*TASK TO CARRY OUT*
Every line from the start of the data through the line containing "NTNV-N25-PC3-15-5-L-DFT-QPSK-Edge_1RB_Left-0.15-30-Ant1-PASS" should be retyped exactly; the pictures should not.

*DATASET CONTENT*
::::::::::

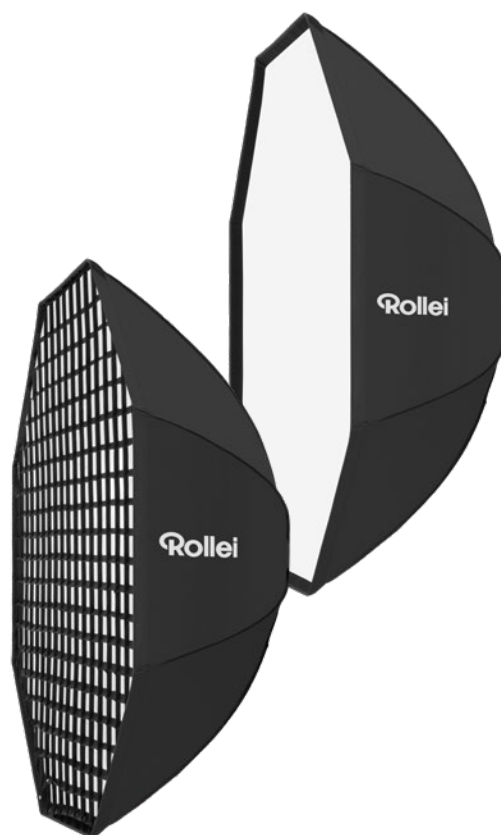

Faltbare Schirm-Octabox mit Bowens Anschluss

- ▶ Professionelles und gleichmäßiges Ausleuchten von Motiven
- ▶ Zusammenspiel von Innen- und Außendiffusor sorgen für eine weiche Ausleuchtung
- ▶ Innere silberne Beschichtung sorgt für gute Lichtreflexion
- ▶ Besonders geeignet für Personenfotografie (Portrait) => runde Reflexe in den Augen
- ▶ Einfacher Auf- und Abbau – wird wie ein Schirm aufgespannt
- ▶ Leicht zu transportieren und zu verstauen
- ▶ Softbox drehbar um 360°
- ▶ Kompatibel mit Blitzgeräten, die über einen Bowens Anschluss verfügen
- ▶ Inkl. Wabe (GRID) für eine bessere Lichtführung

Technische Daten

Einsatzbereich	Produkt- / Portraitfotografie
Anschluss	Bowens
Material	Kunststoff
Farbe	Schwarz
Durchmesser	140 cm
Abmessungen zusammengeklappt	140 x 58 x 18 cm
Gewicht	2.760 g

Lieferumfang
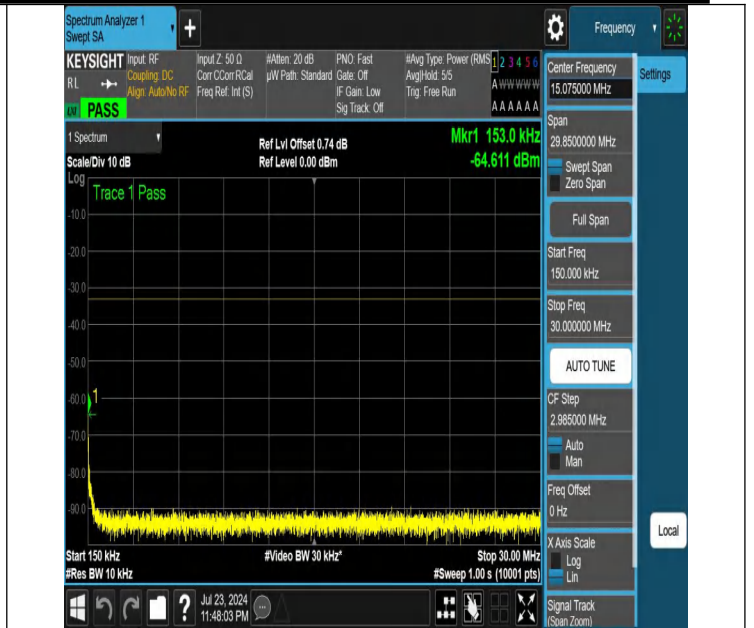

NTNV-N25-PC3-15-5-L-DFT-QPSK-Edge_1RB_Left-0.15-30-Ant1-PASS
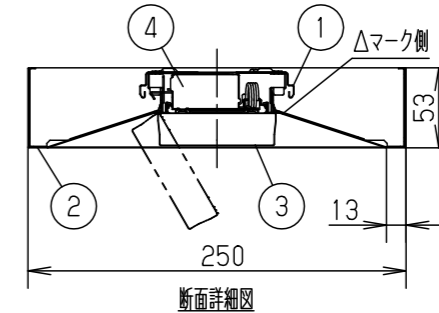

LiBeCoM 無線調光	組合せ品番 直付XF453SHWRS9	本体品番 NNLK42525J	ライトバー品番 NEL4503HWRS9	定格値			器具光束・消費電力・消費効率 4140lm・26.9W・153.9lm/W	端子台 容量 13A
				定格電圧 AC100V	AC200V	AC242V		
				入力電流 消費電力	0.284A 28.1W	0.142A 26.9W	0.118A 26.7W	
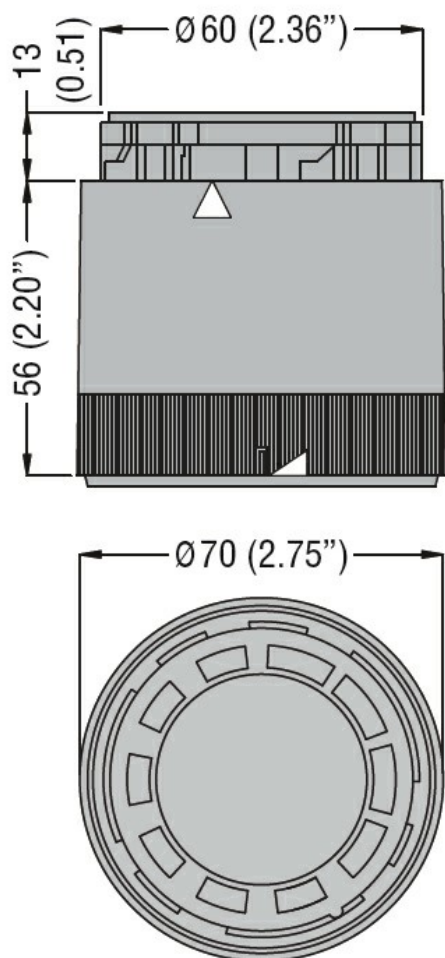

Denumirea produsului

Coloane
 iluminate Ø70
 mm

Denumirea tipului de produs

8TL7FL - Module
 ușoare

Caracteristici generale

Diametru	mm - inch	70 / 2.75
Tensiune de alimentare (AC)	V	110...120
Culoare		Verde
grad de protectie IEC		IP65
Consumul de lumină per modul (AC)	mA	20
Consumul de lumină per modul (DC)	mA	20
Consumul modulului de sunet (AC)	mA	20
Consumul modulului de sunet (DC)	mA	20

Caracteristici mecanice

Greutate	g	92
----------	---	----

Conditii ambientale

Temperatura

Temperatura de Operare

min	°C	-20
max	°C	+50

Dimensiuni

Diagrame de cablare

Connect terminals C and 1 as indicated to power the first module.
If other modules are fitted, the respective terminals must be connected accordingly.

Certificari si conformitate

Conformitate

CSA C22.2 n° 14
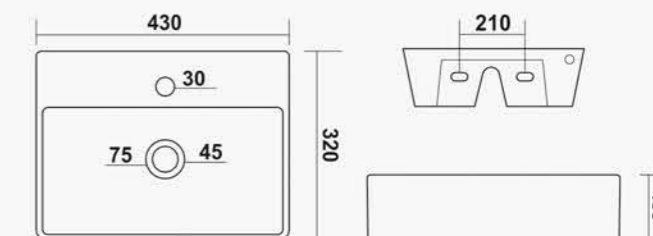

L 610 W 390 H 120mm
24" x 15"

TABLE TOP BASIN

CUBE

L 470 W 340 H 135mm
18" x 13"

CUBE

L 390 W 390 H 145mm
15" x 15"

CUBE

L 380 W 285 H 140mm
15" x 11"

GLOBUS

L 460 W 310 H 130mm
18" x 12"

HELIX

L 300 W 300 H 100mm
12" x 12"

INOX

L 460 W 340 H 110mm
18" x 13"

LATINA

L 465 W 250 H 125mm
18" x 10"

LEO

L 430 W 320 H 155mm
17" x 13"

LEON

L 520 W 360 H 130mm
20" x 14"

LIZA

L 510 W 310 H 130mm
20" x 12"

LUMINA

L 450 W 440 H 130mm
18" x 18"
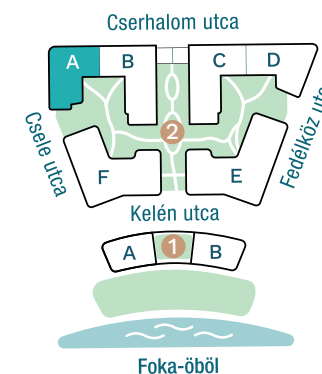

DUNA TERASZ
VISTA

Az öböl kapuja The gate of the bay

2-A305

Nappali / Living Room	25,28 m ²
Konyha / Kitchen	4,86 m ²
Hálószoba / Bedroom	12,61 m ²
Hálószoba / Bedroom	12,53 m ²
Fürdő / Bathroom	4,24 m ²
WC / Toilet	1,55 m ²
Előtér / Lobby	5,10 m ²

Nettó alapterület (lakás)/

Total net area (flat) **66,17 m²**

Erkély / Balcony **32,72 m²**

Kültér összesen/

Total exterior area **32,72 m²**

2. Épület / Building
A Lépcsőház / Staircase
3. Emelet / Floor

Az ábrázolt berendezés csak illusztráció, a megadott adatok tájékoztató jellegűek.
A helyiségek méretei nettó alapterületek, melyek a vakolatlan falak közötti távolságokból számítandók.

The equipment and furniture as depicted are for illustration purposes only. Any data given is strictly informational.
The dimensions of the rooms are calculated by the net area between the unplastered walls.
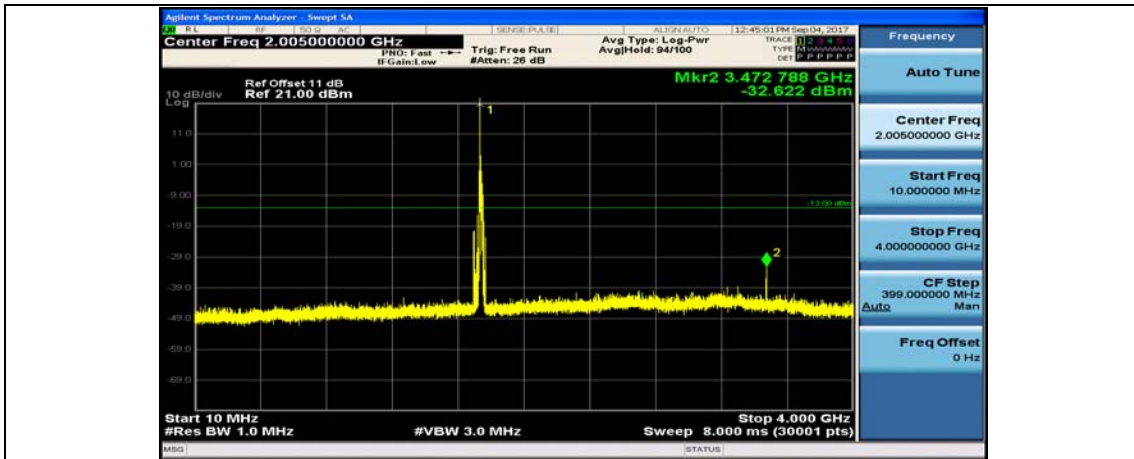

Band4_20MHz_16QAM_20175_1RB#0_4000~26000MHz

Band4_20MHz_QPSK_20300_1RB#0_10~4000MHz

Band4_20MHz_QPSK_20300_1RB#0_4000~26000MHz

Band4_20MHz_16QAM_20300_1RB#0_10~4000MHz

Band4_20MHz_16QAM_20300_1RB#0_4000~26000MHz
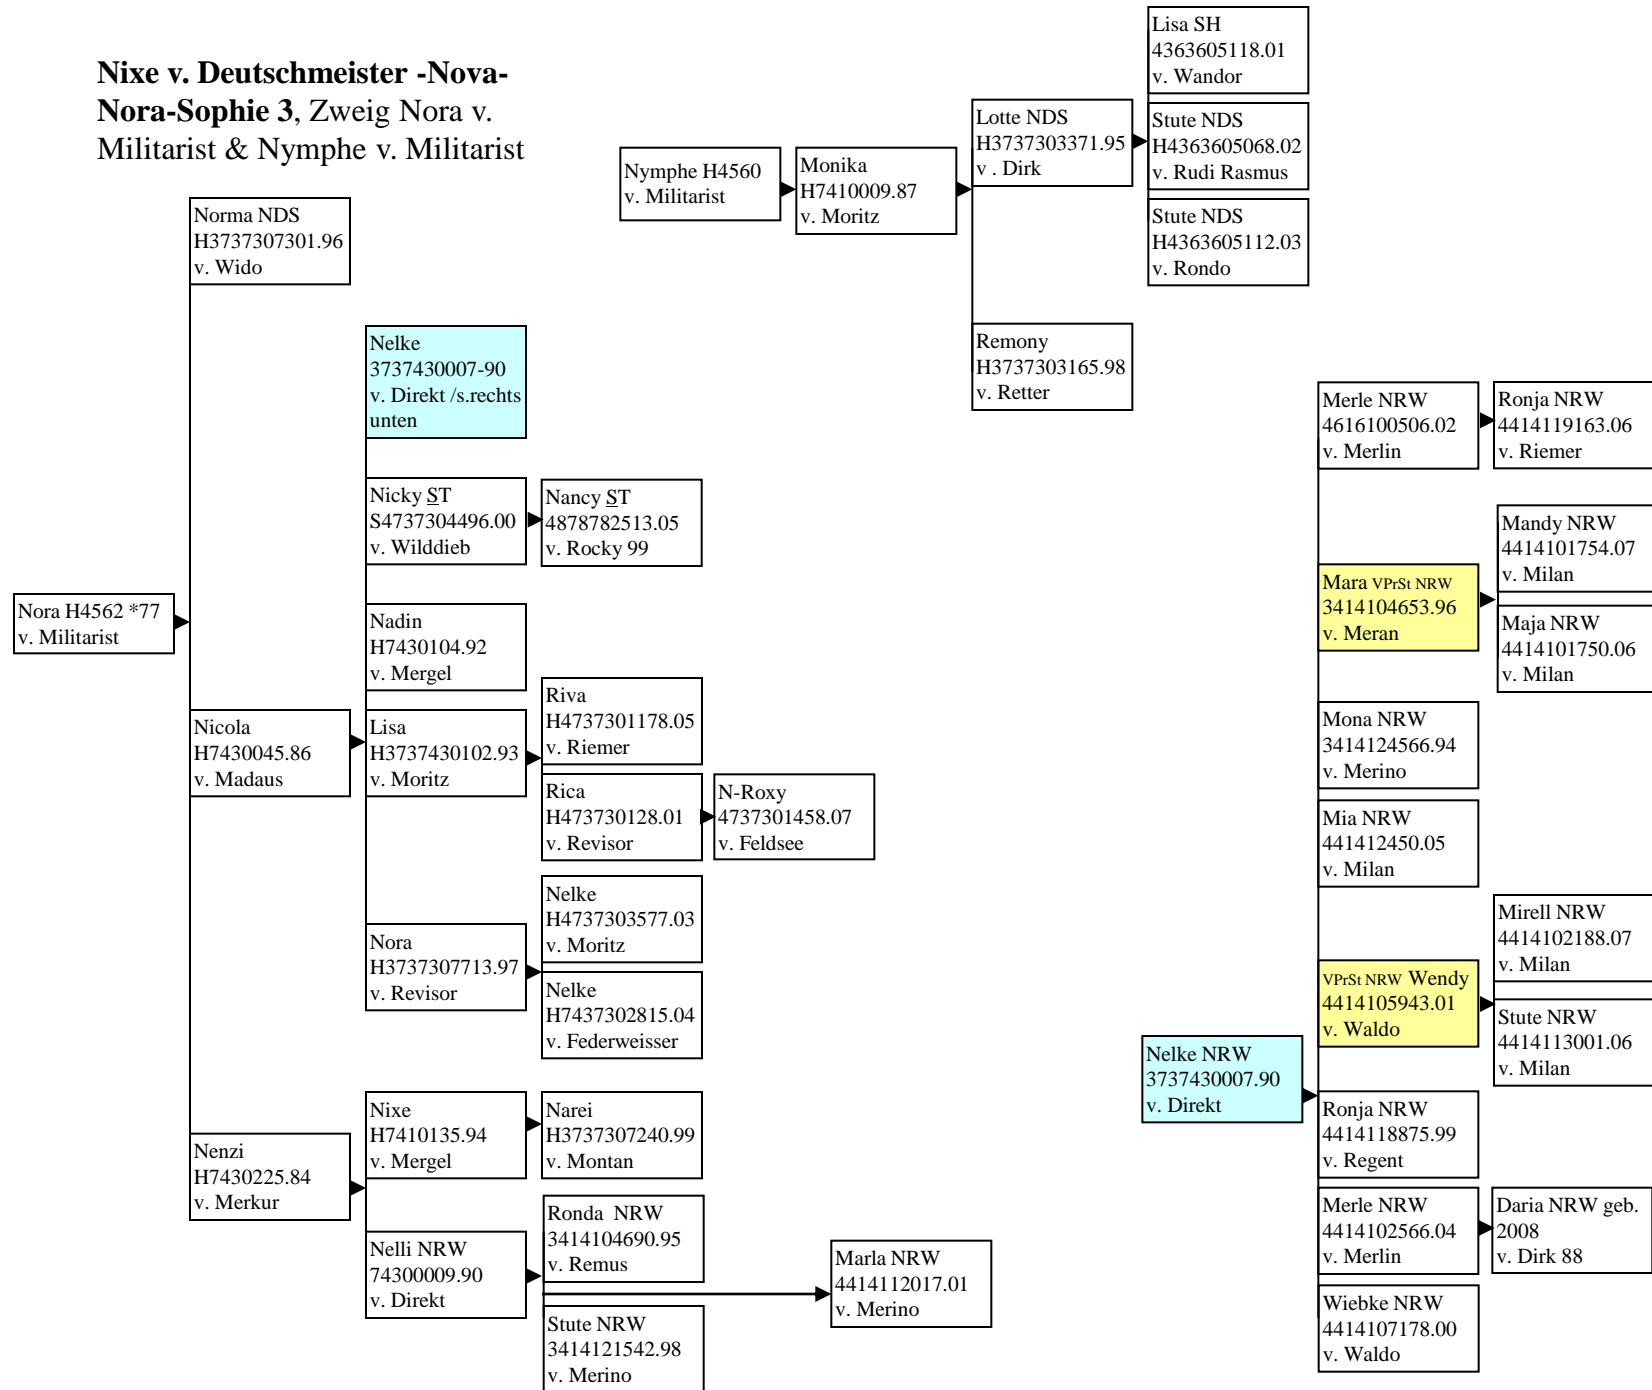

Moni
V3737430171.92
v. Moritz

**Maiglocke, Maya v. Reith-Nero –
Donnergröll-Wärter 1**

**Maiglocke, Maya v. Reith-Nero –
Donnergröll-Wärter 2; Zweige**
Malotte v. Retter & Rosi v. Retter

Nachbarin v. Cornet – Nachtviole 1

ohne StPrSt Nelli & Nigra

Nachbarin v. Cornet - Nachtviole 2

Zweige StPrSt Nelli v. Diktator
& Nigra v. Militarist

Nixe v. Deutschmeister - Nova-Nora-Sophie 1

**Nixe v. Deutschmeister -Nova-
Nora-Sophie 3, Zweig Nora v.
Militarist & Nympe v. Militarist**

Poppea v. Ossersohn 1

P

Poppea v. Ossersohn 2, Zweig
Patrix v. Madaus & Winnie v.
Wirtsjunge.

P

Poppea v. Ossersohn 3, Zweige
 Perle v. Wirtsjunge & Palme v.
 Madaus

P

Rutine 1 ohne Regina

R
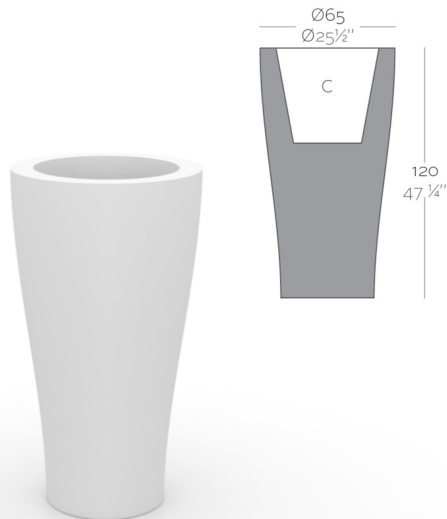

Pot

Pot Ø 45 x 68 cm

Pot Ø 45 x 85 cm

Pot Ø 55 x 100 cm

Pot Ø 65 x 120 cm

Pot Ø 80 x 180 cm

FORMES ET COULEURS

Collection CURVADA

EPOXIA

01 39 66 00 77

Polyéthylène mat basic - *structure*

Polyéthylène laqué brillant - *structure*

Pot - 5 types de finitions disponibles. Système d'auto-irrigation dans toutes les finitions sauf Simple et Basic.
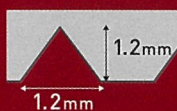

商品番号 12706
プラスチック マルチヘラ 125mm
サイズ: 179mm x 125mm
JAN 4530545101048

商品番号 12707
プラスチック マルチヘラ 150mm
サイズ: 179mm x 150mm
JAN 4530545101055

のりへら

NEW
SIZE

パテ埋め、のり付け、シールはがし、汚れ落とし等、ほとんどのへら作業に適したへらです。

ポリアセタール製なので、強度があり作業しやすいです。

商品番号 12310

のりへら 150 ミリ 溝幅 1.2mm

JAN 4530545101239

材質 本体 … ポリプロピレン

溝幅: 1.2mm

溝幅が狭いので、薄く塗りたい場面で最適です

商品番号 12290

のりへら 40mm 溝幅 2.5mm

::::::::::

*FINISHED TASK*
Faltbare Schirm-Octabox mit Bowens Anschluss

- ▶ Professionelles und gleichmäßiges Ausleuchten von Motiven
- ▶ Zusammenspiel von Innen- und Außendiffusor sorgen für eine weiche Ausleuchtung
- ▶ Innere silberne Beschichtung sorgt für gute Lichtreflexion
- ▶ Besonders geeignet für Personenfotografie (Portrait) => runde Reflexe in den Augen
- ▶ Einfacher Auf- und Abbau – wird wie ein Schirm aufgespannt
- ▶ Leicht zu transportieren und zu verstauen
- ▶ Softbox drehbar um 360°
- ▶ Kompatibel mit Blitzgeräten, die über einen Bowens Anschluss verfügen
- ▶ Inkl. Wabe (GRID) für eine bessere Lichtführung

Technische Daten

Einsatzbereich	Produkt- / Portraitfotografie
Anschluss	Bowens
Material	Kunststoff
Farbe	Schwarz
Durchmesser	140 cm
Abmessungen zusammengeklappt	140 x 58 x 18 cm
Gewicht	2.760 g

Lieferumfang

NTNV-N25-PC3-15-5-L-DFT-QPSK-Edge_1RB_Left-0.15-30-Ant1-PASS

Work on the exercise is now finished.